This article appears in the following Briefings in Bioinformatics issue: Special Issue: Plant Genomics [View the issue table of contents]

Computational techniques for elucidating plant–pathogen interactions from large-scale experiments on fungi and oomycetes

Carol Soderlund

Corresponding author. Carol Soderlund, BIO5 Institute, 1657 Helen Street, University of Arizona, Tucson AZ 85721, USA. Tel: +1 520-626-9600; Fax: +1 520-626-4824; E-mail: cari{at}agcol.arizona.edu

Eukaryotic plant pathogens are responsible for the destruction of billions of dollars worth of crops each year.

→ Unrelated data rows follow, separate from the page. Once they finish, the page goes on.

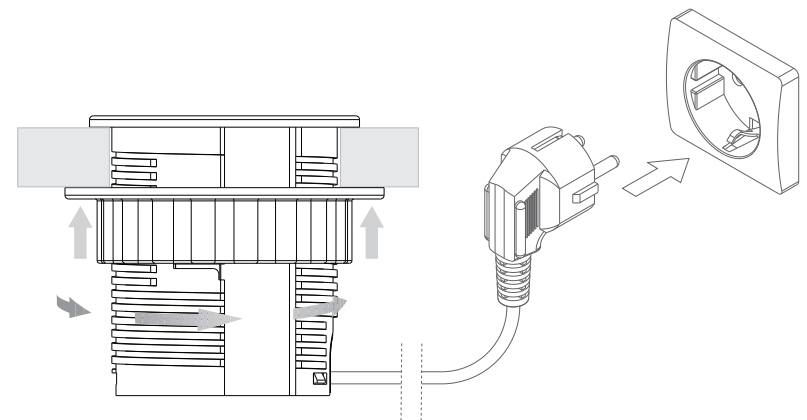

User Manual

① Drill a hole in the table, either in production or using a 60mm hole saw.

FR

Avant l'installation, toutes les dimensions et conditions doivent être vérifiées sur place. Ni KONDATOR ni ses partenaires commerciaux ne peuvent être tenus responsables des défauts du produit ou d'autres défauts pouvant être attribués à une mauvaise installation.

User Manual

③

DE

Vor dem Einbau sind alle Maße und Bedingungen bauseits zu prüfen. Weder KONDATOR noch seine Vertriebspartner können für Produktfehler oder sonstige Mängel, die auf unsachgemäße Installation zurückzuführen sind, haftbar gemacht werden.
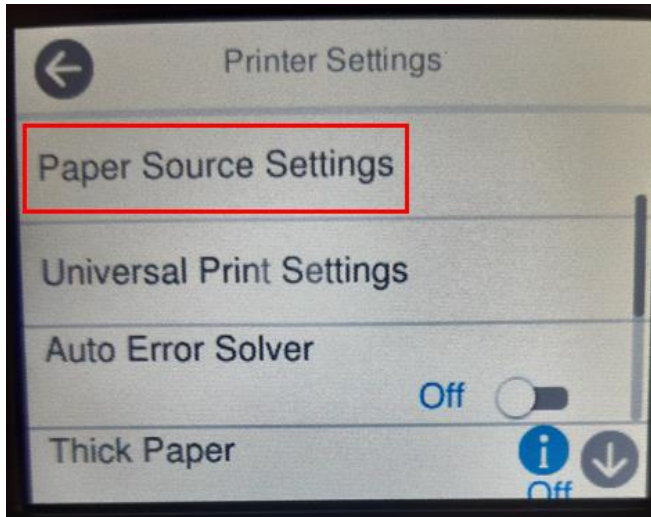

หัวข้อ : วิธีการปิดการแจ้งเตือนขนาดกระดาษและประเภทกระดาษ
รุ่นที่รองรับ : L14150

4. เข้าที่ **Paper Source Settings/การตั้งค่าแหล่งที่มาของกระดาษ**
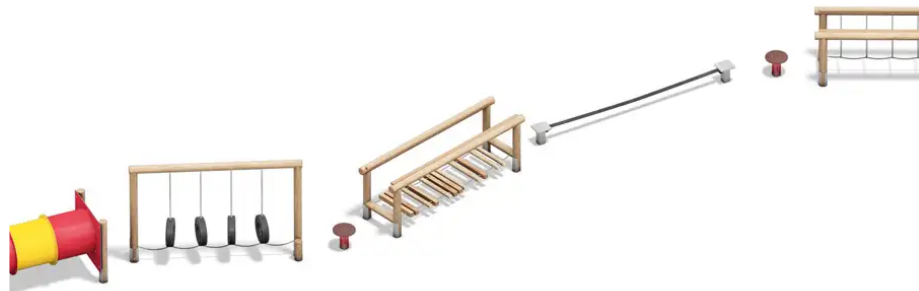

SPIELPLÄTZE & SPIELRÄUME

BALANCIER- &
GLEICHGEWICHTSSPIELE

ART.-NR. : 1205152
PLAYPARC

Datum der Veröffentlichung des Datensatzes: 17.05.2026 06:32:25
Web-Produktseite : [1205152](#)

With large-scale genomics of both pathogens and hosts and the corresponding computational analysis, biologists are now able to gain knowledge about many pathogenic and defense genes concurrently. To study the interactions between these two organism groups, it is necessary to design experiments to elucidate the genes being expressed during the invasion of the pathogen into the host. For the most part, this does not require new software development, though it does require the use of existing software in novel ways. This article provides a broad overview of several key and illustrative experiments and the corresponding computational analyses, outlining the knowledge gained in each. It goes on to describe databases for plant–pathogen data and important initiatives such as Plant-Associated Microbe Gene Ontology. It discusses how various emerging approaches will increase the power of computers in host-pathogen interaction studies.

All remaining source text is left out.